02/13/2026
A pastoral reflection I’ve been sitting with lately…
I’m deeply grateful for the Church. I love her passion, creativity, and hunger for God. At the same time, I’ve been reflecting on some trends I see in parts of the North American church — and I’m processing this as someone inside it, not outside throwing stones.
I wonder if, in some places, we may have unintentionally drifted toward hype over depth — where emotion can begin to function as proof of God’s presence, volume substitutes for substance, and catchy phrases sometimes replace careful discipleship.
Some thoughts I’ve been considering:
• Emotion is a gift — but it may be carrying more weight than it was meant to. Scripture never makes emotion the test of truth or maturity. Feelings matter, but they aren’t the foundation of faith.
• Memorable phrases and Christian cliches are powerful — but formation requires more than slogans. When our words aren’t deeply rooted in Scripture and theology, we risk raising people who know Christian language but haven’t been formed in Christian thinking.
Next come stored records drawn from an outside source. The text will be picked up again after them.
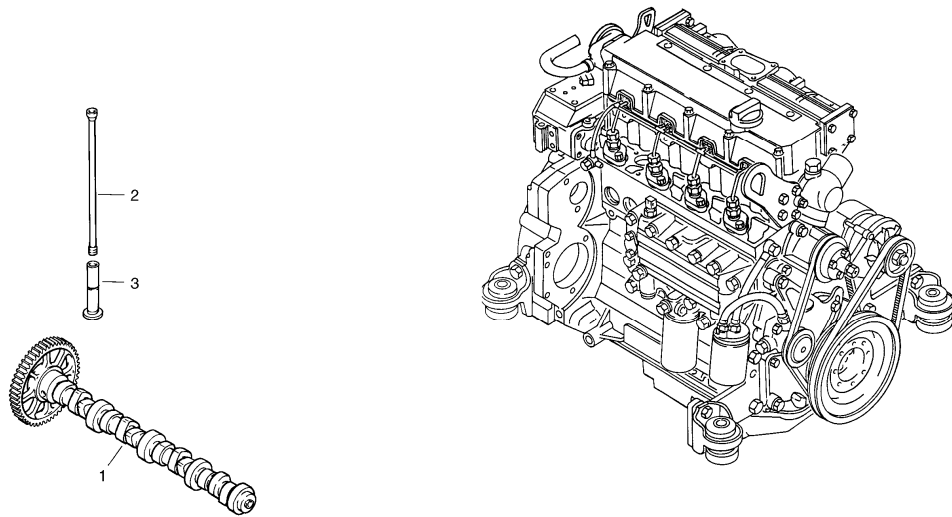

Date: 2013/11/11	Image id: 00016901	Catalogue: 20041	Model: L40B
Brand: Volvo	Serial: 1911500-1919999, 1921500-1929999	Group/Section: 215/100	Title: Camshaft

00016901

Q1-Q5	Option	Option description	
Q1 1911500-191300 0			
Q2 1921500-192300 0			

Pos	Part	Q1	Q2	Q3	Q4	Q5	PS	Kit	Description	Option(s)	Remark
1	VOE21264838	1	1						Camshaft		(VOE20550358)
2	VOE20405534	8	8						Push rod		
3	VOE11700366	8	8						Tappet

• Hype gathers a crowd — formation builds a people. The slow, patient work of teaching Scripture, shaping character, and walking faithfully through suffering rarely trends. But it’s the kind of work that produces resilient faith.
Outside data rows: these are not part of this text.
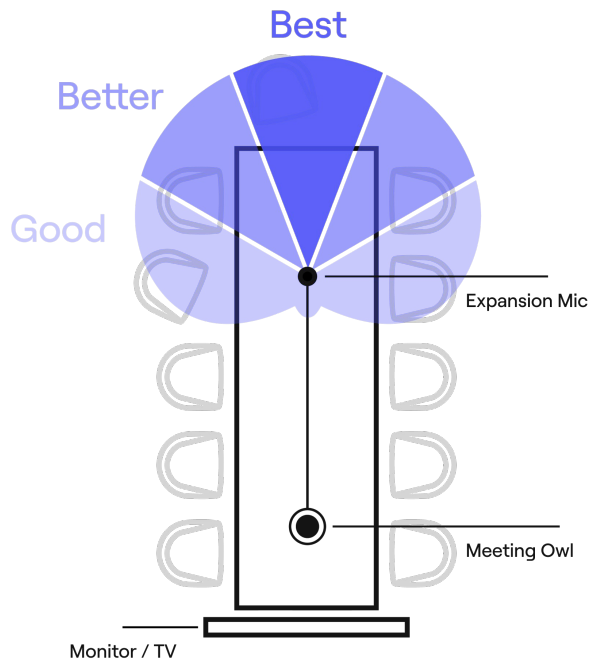

EXPANSION MIC

for Meeting Owl®

The Expansion Mic extends the range of the Meeting Owl by 8 feet (2.5 meters) in the direction of the mic, so all voices can be heard.

EXPANSION MIC
EXM100-1100 (Charcoal)
EXM100-1000 (Gray)

Connects to Meeting Owl via custom cable

Extends audio range by 8' (2.5m) for total of 26' (8m)

Outfit any workspace with our endlessly flexible ecosystem

Mute button for greater in-room flexibility

Includes mounting bracket for secure installation

Available in Gray or Charcoal

Experience Immersive Audio

• Intensity isn’t always the same as depth. Sometimes our language can become inflated, and we can unintentionally equate volume with anointing. I think many people are quietly longing for something weightier and more lasting.
The biblical vision of maturity feels steadier than our moment:
“Solid food is for the mature, for those who have their powers of discernment trained…” (Hebrews 5:14)
Trained. Discernment. Time.
None of that is instant.
I don’t believe people are hungry for less Spirit or less passion. I think they’re hungry for depth — for a faith that holds when emotions fade, for presence without performance, for Christ at the center rather than the experience around Him.
Not dead orthodoxy.
Not emotionalism.
But rooted, discerning, enduring faith.